Derrick Rose feasted on Utah’s lack of defensive chemistry, scoring a career-high 50. In this first clip, you see Derrick Favors try to open a window for Rubio to go under the screen, but Rubio clearly expects Favors to show on Rose. And something similar happened against Memphis, when Georges Niang was supposed to show on Wayne Selden, but he released before giving Rubio a chance to get back in front of him.
“We aren’t talking. We aren’t connected.”
It’s not just on-ball action, either. The Jazz are getting forced into bad switches by their own lack of communication away from the ball.
On this screen away from the ball, Royce O’Neale appears to decide unilaterally that he and Rudy Gobert are to switch it, even though Gobert has given him ample room to get through. Gobert looks genuinely surprised, and is consequently late getting out to Malik Beasley’s shot.
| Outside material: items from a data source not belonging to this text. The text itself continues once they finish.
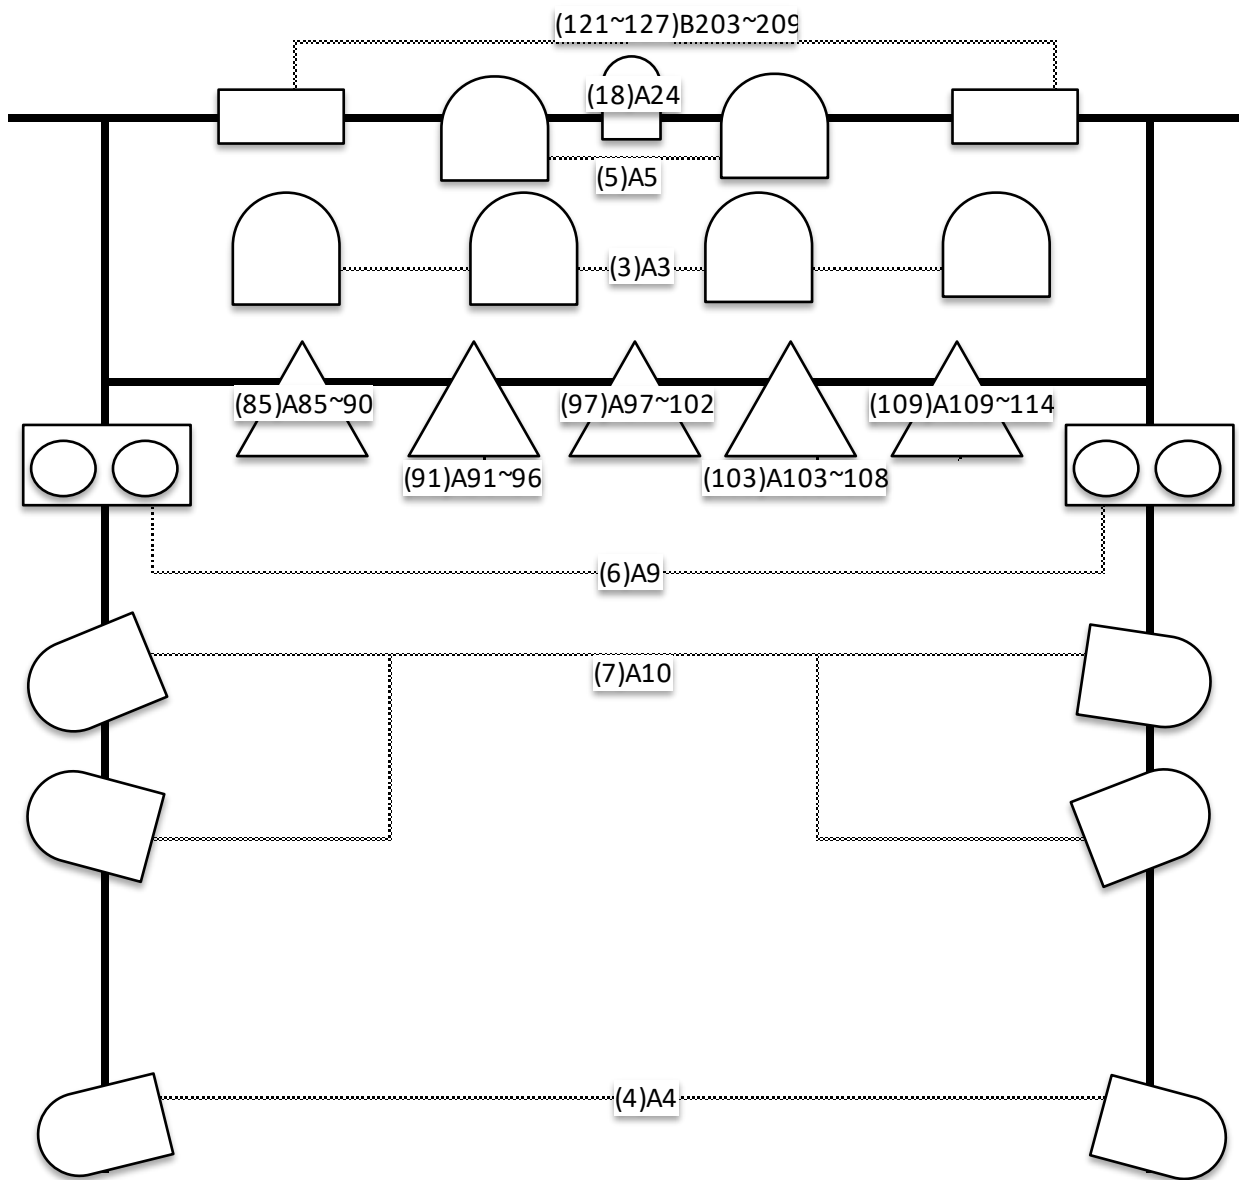

正面図※1

正面図※2

Page1

1	2	3	4	5	6	7	8	9	10	11	12	13	14	15	16	17	18	19	20	21	22	23	24	25	26	27	28	29	30
奥Side W			Dr	#86	MB	Dr	SR	SL	Vo	Front side		サス	顔当て				Dr	ストロボ		ムービング						QUAD PHASE	スモーク		
SR	SL	CW	下			W			Spot	SR	SL		Dr	SR	SL	Vo	Spot	Speed	Dim	SR1	SR2	SR3	SL3	SL2	SL1				Fog

“We aren’t talking. We aren’t connected.”
The misunderstandings are also taking place among would-be helpers, too, and the result is a combination of over-helping and under-helping, either of which can be problematic.
In the first clip, you have O’Neale and Joe Ingles unsure as to who should come in to stunt Nikola Jokic’s roll. Usually the help comes from the weak corner, or the corner that is opposite the side the ball is going to, but since Jokic flipped the screen, there’s some confusion as to whose help this is, and nobody gets in front of the the Nuggets’ big man until way too late. And on the second one, Jae Crowder comes in off of his man on the strong side — you’re almost never supposed to help from the strong side — but who is he even guarding?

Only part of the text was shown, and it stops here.